What is being asked:
State how many lines of the entries hold the string "frontal", and nothing more.

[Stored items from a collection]
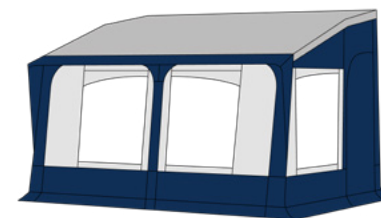

Avance de invierno

Construido en acrílico 300 gr

Estructura de acero galvanizado de 25 mm

Profundidad de 240 cm + 20 cm de visera

Tapas en ventanas

Mosquitera en ventana lateral

Ventilación en la parte superior del lateral izquierdo

Avance de techo recto con doble inclinación y estructura reforzada. Fabricado en acrílico de 300 gr y poliéster PVA. Muy sólido y de estética espectacular, este modelo es universal y adaptable a cualquier caravana, ya que los anclajes son ajustables en altura. La fijación de los laterales a la caravana son de goma-espuma adaptable a cualquier superficie y reforzada con patas laterales.

Es requisito imprescindible que su caravana disponga de espacio suficiente de guía recta. Se recomienda reforzar la estructura del avance para zonas de nieve y condiciones adversas.

El frontal, con dos grandes ventanas de cristales fijos, es desmontable y puede habilitarse como balconera (opcional). Cada lateral dispone de una puerta y una ventana abatible y con mosquitera en lateral derecho. Dispone de tapas opacas en todas las ventanas.

Alpes 380 AZUR

Estructura y kit de invierno incluidos

Colores disponibles

Gris claro y azul

Accesorios opcionales

- Velum (doble techo)
- Fijaciones Fix-On
- Balconera frontal
- Patas de refuerzo

Cortinas incluidas #2 Azul estrellas

Solution for this problem:
2